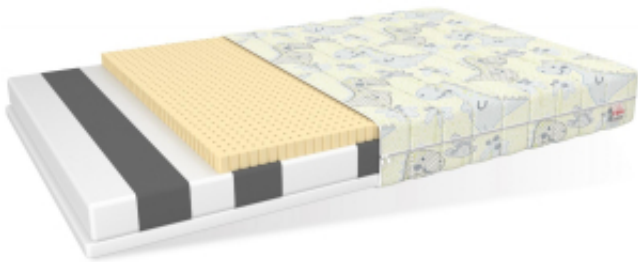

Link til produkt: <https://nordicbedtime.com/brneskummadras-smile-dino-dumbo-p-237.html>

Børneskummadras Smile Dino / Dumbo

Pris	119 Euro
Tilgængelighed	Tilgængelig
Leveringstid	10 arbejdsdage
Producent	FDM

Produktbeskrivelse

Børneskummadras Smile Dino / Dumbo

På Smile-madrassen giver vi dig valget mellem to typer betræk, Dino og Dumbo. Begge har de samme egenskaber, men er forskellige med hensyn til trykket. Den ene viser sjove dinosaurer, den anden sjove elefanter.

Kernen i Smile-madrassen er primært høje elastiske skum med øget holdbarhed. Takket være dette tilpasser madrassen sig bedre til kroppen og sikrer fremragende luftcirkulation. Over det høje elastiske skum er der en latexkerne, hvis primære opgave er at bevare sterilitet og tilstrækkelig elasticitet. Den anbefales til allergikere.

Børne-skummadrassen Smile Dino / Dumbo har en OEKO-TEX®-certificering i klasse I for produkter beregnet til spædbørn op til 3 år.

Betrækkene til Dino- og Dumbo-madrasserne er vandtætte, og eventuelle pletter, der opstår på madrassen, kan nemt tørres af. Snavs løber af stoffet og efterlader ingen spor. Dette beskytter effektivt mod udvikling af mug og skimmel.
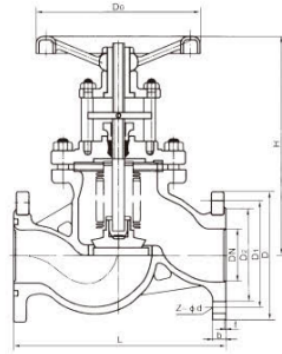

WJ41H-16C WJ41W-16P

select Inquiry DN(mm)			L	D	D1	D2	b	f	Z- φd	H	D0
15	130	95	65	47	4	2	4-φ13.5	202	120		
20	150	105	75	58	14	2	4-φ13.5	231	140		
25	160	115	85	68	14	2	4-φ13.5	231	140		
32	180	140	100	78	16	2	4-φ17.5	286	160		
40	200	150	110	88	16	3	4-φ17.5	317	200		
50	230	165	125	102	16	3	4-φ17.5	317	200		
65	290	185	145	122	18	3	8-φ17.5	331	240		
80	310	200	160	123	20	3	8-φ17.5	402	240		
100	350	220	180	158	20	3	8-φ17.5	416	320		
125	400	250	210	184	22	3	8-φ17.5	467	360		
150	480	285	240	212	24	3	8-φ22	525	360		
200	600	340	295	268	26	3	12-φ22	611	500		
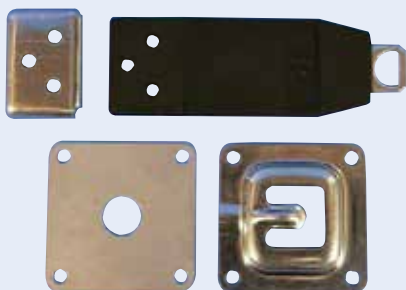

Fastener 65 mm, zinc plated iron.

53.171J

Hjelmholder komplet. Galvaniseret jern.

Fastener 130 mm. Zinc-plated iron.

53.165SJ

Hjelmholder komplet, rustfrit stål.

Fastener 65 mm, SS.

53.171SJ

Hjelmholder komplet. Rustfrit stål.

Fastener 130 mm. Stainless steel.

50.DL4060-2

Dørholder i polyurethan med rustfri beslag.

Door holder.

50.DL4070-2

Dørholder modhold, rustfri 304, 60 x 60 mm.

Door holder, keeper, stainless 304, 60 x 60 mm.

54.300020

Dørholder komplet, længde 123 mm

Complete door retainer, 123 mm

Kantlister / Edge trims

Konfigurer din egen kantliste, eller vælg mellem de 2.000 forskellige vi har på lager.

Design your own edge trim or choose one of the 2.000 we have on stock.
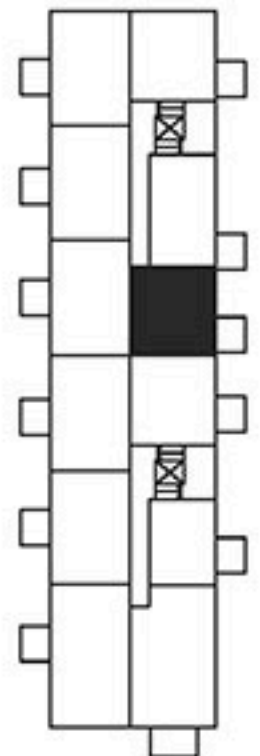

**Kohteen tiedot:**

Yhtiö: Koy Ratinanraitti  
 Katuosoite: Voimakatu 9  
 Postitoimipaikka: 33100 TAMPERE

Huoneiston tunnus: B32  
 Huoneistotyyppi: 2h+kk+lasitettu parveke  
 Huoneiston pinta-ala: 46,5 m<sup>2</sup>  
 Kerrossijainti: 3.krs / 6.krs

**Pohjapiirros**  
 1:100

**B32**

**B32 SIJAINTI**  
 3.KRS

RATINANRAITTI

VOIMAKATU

- - - - - - -

**Prompt**
In your answer, repeat the material above in full, exactly, and without its pictures.

**Task answer**
Link til produkt: <https://nordicbedtime.com/brneskummadras-smile-dino-dumbo-p-237.html>

Børneskummadras Smile Dino / Dumbo

Pris	119 Euro
Tilgængelighed	Tilgængelig
Leveringstid	10 arbejdsdage
Producent	FDM

Produktbeskrivelse

Børneskummadras Smile Dino / Dumbo

På Smile-madrassen giver vi dig valget mellem to typer betræk, Dino og Dumbo. Begge har de samme egenskaber, men er forskellige med hensyn til trykket. Den ene viser sjove dinosaurer, den anden sjove elefanter.

Kernen i Smile-madrassen er primært høje elastiske skum med øget holdbarhed. Takket være dette tilpasser madrassen sig bedre til kroppen og sikrer fremragende luftcirkulation. Over det høje elastiske skum er der en latexkerne, hvis primære opgave er at bevare sterilitet og tilstrækkelig elasticitet. Den anbefales til allergikere.

Børne-skummadrassen Smile Dino / Dumbo har en OEKO-TEX®-certificering i klasse I for produkter beregnet til spædbørn op til 3 år.

Betrækkene til Dino- og Dumbo-madrasserne er vandtætte, og eventuelle pletter, der opstår på madrassen, kan nemt tørres af. Snavs løber af stoffet og efterlader ingen spor. Dette beskytter effektivt mod udvikling af mug og skimmel.

WJ41H-16C WJ41W-16P

select Inquiry DN(mm)			L	D	D1	D2	b	f	Z- φd	H	D0
15	130	95	65	47	4	2	4-φ13.5	202	120		
20	150	105	75	58	14	2	4-φ13.5	231	140		
25	160	115	85	68	14	2	4-φ13.5	231	140		
32	180	140	100	78	16	2	4-φ17.5	286	160		
40	200	150	110	88	16	3	4-φ17.5	317	200		
50	230	165	125	102	16	3	4-φ17.5	317	200		
65	290	185	145	122	18	3	8-φ17.5	331	240		
80	310	200	160	123	20	3	8-φ17.5	402	240		
100	350	220	180	158	20	3	8-φ17.5	416	320		
125	400	250	210	184	22	3	8-φ17.5	467	360		
150	480	285	240	212	24	3	8-φ22	525	360		
200	600	340	295	268	26	3	12-φ22	611	500		

Fastener 65 mm, zinc plated iron.

53.171J

Hjelmholder komplet. Galvaniseret jern.

Fastener 130 mm. Zinc-plated iron.

53.165SJ

Hjelmholder komplet, rustfrit stål.

Fastener 65 mm, SS.

53.171SJ

Hjelmholder komplet. Rustfrit stål.

Fastener 130 mm. Stainless steel.

50.DL4060-2

Dørholder i polyurethan med rustfri beslag.

Door holder.

50.DL4070-2

Dørholder modhold, rustfri 304, 60 x 60 mm.

Door holder, keeper, stainless 304, 60 x 60 mm.

54.300020

Dørholder komplet, længde 123 mm

Complete door retainer, 123 mm

Kantlister / Edge trims

Konfigurer din egen kantliste, eller vælg mellem de 2.000 forskellige vi har på lager.

Design your own edge trim or choose one of the 2.000 we have on stock.

**Kohteen tiedot:**

Yhtiö: Koy Ratinanraitti  
 Katuosoite: Voimakatu 9  
 Postitoimipaikka: 33100 TAMPERE

Huoneiston tunnus: B32  
 Huoneistotyyppi: 2h+kk+lasitettu parveke  
 Huoneiston pinta-ala: 46,5 m<sup>2</sup>  
 Kerrossijainti: 3.krs / 6.krs

**Pohjapiirros**  
 1:100

**B32**

**B32 SIJAINTI**  
 3.KRS

RATINANRAITTI

VOIMAKATU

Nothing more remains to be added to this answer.